Linking Assembly Code - Can't resolve printf

David Lariviere
Wed Sep 20 07:53:00 GMT 2006

Hi Kai,

Thank you so much. That got it compiling. I had tried it before, being
inspired by the results of objdump on libc.a, but it didn't work at that
point because I hadn't yet read about the importance of ordering the -lc
after the object. I hadn't gone back and tried it since making that change,
until your suggestion. Thanks!!

The code is actually taken out of "Professional Assembly Language" by
Richard Blum.

I presume by entry-point your referring to the use of _start instead of
main. According to the book (I have no way of knowing beyond testing on a
separate linux box if it is true though), using gcc directly requires "main"
entrypoint but 'as' expects _start as the default entry-point. 

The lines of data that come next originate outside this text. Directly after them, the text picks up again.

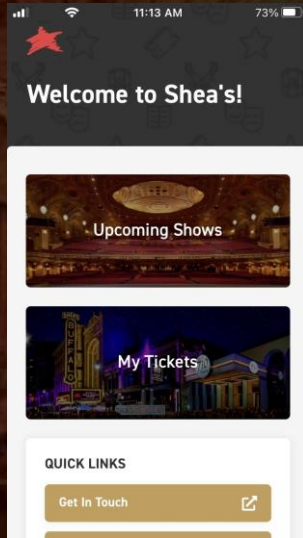

A wide-angle, low-angle shot of a grand, ornate theater interior. The theater is filled with rows of red seats, arranged in a semi-circle. The architecture is highly detailed, with intricate carvings and a high, vaulted ceiling. The lighting is warm and focused on the stage area, which is visible on the left side of the frame. The overall atmosphere is one of elegance and grandeur.

View Barcode
In Your MY SHEA'S Account
On Your Mobile (iOS)

1. Select **My Tickets** to begin managing your MY SHEA'S Account.

2. In your MY SHEA'S Account, you can select any show by *tapping* on it.

3. When you have selected a show, click **View Barcode** to open.

4. The barcode can now be scanned, or you can **Add to Apple Wallet!**

If you have multiple tickets, *swipe* to view the next seat.

HOW TO:

Add to Apple Wallet

Buy Tickets

Claim Tickets

Exchange Tickets

See Ticket Details

In the first piece of code I pasted, I am guessing the 0x80 signal interrupt
to write to console is a linux only feature that won't somehow get
translated by cygwin/gcc (I had hoped otherwise, but figured as much). 

Ignoring 0x80 issue (assuming that was the problem you were alluding), I can
now get it compiling but not running. Below is an earlier program from the
same book which doesn't use 0x80. 
#cpuid2.s View the CPUID Vendor ID string using C library calls
.section .data
    .asciz "The processor Vendor ID is '%s'\n"
.section .bss
    .lcomm buffer, 12
.section .text
.globl _start
    movl $0, %eax
    movl $buffer, %edi
    movl %ebx, (%edi)
    movl %edx, 4(%edi)
    movl %ecx, 8(%edi)
    pushl $buffer
    pushl $output
    call printf
    addl $8, %esp
    pushl $0
    call exit

It now compiles fine, but crashes as soon as it runs. I am hoping it is not
the entry-point issue, since the same syntax compiled and ran successfully
on my fedora box. 

In the book, the author says that the program will crash because it is
necessary to specify the runtime dynamic linker. In the linux platform
example for which the book targets, it states to use: 
ld -dyanmic-linker /lib/ -o cpuid2 -lc cpuid2.o

The problem is that I have no idea what the cygwin-equivalent for that would
be, assuming it's even possible. If not, assuming file size isn't a concern,
is there a way to get the compiled program to at least statically link in
all of the required libraries so that I can run it? 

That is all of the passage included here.